Claude Code Source Leak: Inside the Accidental Open‑Source Release and New Buddy Feature

Anthropic unintentionally published the full TypeScript source map of Claude Code in an npm package, allowing the complete source to be reconstructed and mirrored on GitHub within hours.

Anthropic’s media team, citing a Decrypt interview, said the leak involved “no sensitive customer data” and was a packaging error, not a security breach; founder Boris Cherny called it “just a developer mistake.”

Developers quickly began line‑by‑line analysis, exposing internal system‑level strategies, especially around model‑capability protection and data safety.

Two anti‑distillation mechanisms were identified: one injects fabricated tool calls into the model’s output stream to poison harvested data, and the other abstracts tool‑call details into vague summaries, making reverse‑engineering of agent actions difficult.

The constants/prompts.ts file contains the complete system prompt, illustrating how Anthropic precisely controls Claude’s behavior and the rationale behind each instruction.

Claude Code also includes a hidden electronic pet located in src/buddy/. By hashing a user ID with a seeded RNG, the system generates a deterministic virtual companion (e.g., duck, cat, dragon) with species, hat, and rarity attributes, activated via the /buddy command.

Beyond the pet, the codebase ships with 187 whimsical loading verbs (e.g., “Beboppin’”, “Lollygagging”) that rotate during model thinking to avoid monotonous “Loading” messages.

In services/api/claude.ts, a feature flag adds anti_distillation: ['fake_tools'] to API requests, causing the backend to inject unusable tool definitions.
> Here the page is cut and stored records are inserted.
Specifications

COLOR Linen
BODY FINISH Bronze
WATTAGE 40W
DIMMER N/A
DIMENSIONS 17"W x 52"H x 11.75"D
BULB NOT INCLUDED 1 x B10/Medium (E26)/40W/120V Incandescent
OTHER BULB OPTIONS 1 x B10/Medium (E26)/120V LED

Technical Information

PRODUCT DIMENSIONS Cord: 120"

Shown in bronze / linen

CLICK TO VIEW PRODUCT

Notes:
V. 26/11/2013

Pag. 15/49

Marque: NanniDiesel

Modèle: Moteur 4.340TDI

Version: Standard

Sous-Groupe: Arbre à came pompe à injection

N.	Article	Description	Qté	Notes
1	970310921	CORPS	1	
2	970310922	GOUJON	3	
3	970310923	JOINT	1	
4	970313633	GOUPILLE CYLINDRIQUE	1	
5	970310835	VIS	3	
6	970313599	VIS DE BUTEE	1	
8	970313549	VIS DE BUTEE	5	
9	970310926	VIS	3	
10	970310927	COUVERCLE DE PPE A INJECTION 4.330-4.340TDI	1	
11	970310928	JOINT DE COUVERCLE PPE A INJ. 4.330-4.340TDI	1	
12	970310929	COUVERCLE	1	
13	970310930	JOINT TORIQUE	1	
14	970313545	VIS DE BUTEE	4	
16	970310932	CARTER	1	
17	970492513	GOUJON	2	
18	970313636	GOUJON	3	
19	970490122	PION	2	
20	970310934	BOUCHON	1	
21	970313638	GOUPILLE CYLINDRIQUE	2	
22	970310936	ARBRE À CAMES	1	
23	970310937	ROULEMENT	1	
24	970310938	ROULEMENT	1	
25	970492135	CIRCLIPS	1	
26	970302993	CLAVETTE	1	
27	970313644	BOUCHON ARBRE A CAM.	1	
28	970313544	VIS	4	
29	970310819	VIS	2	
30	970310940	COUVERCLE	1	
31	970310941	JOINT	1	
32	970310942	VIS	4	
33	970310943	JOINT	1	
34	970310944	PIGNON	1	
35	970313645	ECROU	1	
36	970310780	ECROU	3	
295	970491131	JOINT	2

The streamlinedTransform.ts file further removes the model’s thinking content and reduces tool calls to simple category counts.

Prompt caching is finely managed in promptCacheBreakDetection.ts. The system hashes the system prompt, each tool schema, model name, headers, mode flags, effort parameters, and other request fields; any change triggers a diff that records which part altered.
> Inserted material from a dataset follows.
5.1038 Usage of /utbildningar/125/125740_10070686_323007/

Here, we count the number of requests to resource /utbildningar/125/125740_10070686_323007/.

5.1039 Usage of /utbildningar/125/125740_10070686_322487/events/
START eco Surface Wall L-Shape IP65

An “undercover mode” in utils/undercover.ts activates when the user type equals “ant”. It injects a critical instruction into the system prompt, forbidding any internal Anthropic identifiers, model codenames, or references to Claude Code from appearing in commits, PR titles, or messages.

Operational telemetry shows 1,279 sessions experienced 50+ consecutive failures, wasting roughly 250 K API calls per day. The mitigation sets MAX_CONSECUTIVE_AUTOCOMPact_FAILURES = 3 and defines token‑budget thresholds for auto‑compaction and forced compression.

When a task modifies multiple files or backend components, a separate validation agent runs to verify results. The main agent then reviews the validation output before accepting changes, ensuring no false‑positive success reports.

The services/autoDream/autoDream.ts module implements “Auto Dream”, a background memory consolidation that, after sufficient idle time and session count, forks a sub‑agent to generate a structured MEMORY.md file containing ten modules (e.g., Session Title, Errors & Corrections) limited to ~12 K tokens.

Security checks in utils/userPromptKeywords.ts (26 lines) use two regex sets to filter profanity before sending user input to the API, a measure the founder cites as a user‑experience signal.

Build‑time canary enforcement reads excluded-strings.txt during packaging; any forbidden internal identifiers or API‑key prefixes cause the build to fail.

AI researcher Sebastian Raschka highlighted the same anti‑distillation tactics, the aggressive prompt‑caching strategy, and the superiority of tool‑based interactions over plain file uploads, noting that Claude Code’s performance gains stem from these engineering optimizations.

Following the leak, the source was forked over 40 K times on GitHub within six hours. Anthropic attempted DMCA takedowns, but the code had already proliferated to decentralized storage, making removal impossible.

Community projects quickly rewrote the codebase: a Korean developer used the “oh‑my‑codex” orchestrator to port the architecture to Python, achieving >50 K stars in two hours; other forks like “claw‑code”, “open‑agent‑sdk”, and “OpenClaude” added shims, sub‑agent replacements, and performance tweaks.

Critical analysis from X user Rohan identified engineering debt: a 5 K‑line REPL component with 227 Hook calls, 89 feature flags, 472 environment variables, circular dependencies in 61 files, and over‑engineered type names, all reflecting rapid feature churn and compromised maintainability.

Overall, the Claude Code leak offers a rare glimpse into the inner workings of a high‑valued AI product, revealing both sophisticated safeguards and the messy trade‑offs of fast‑paced AI engineering, while the community’s swift response underscores the transformative impact of open‑source analysis on software development practices.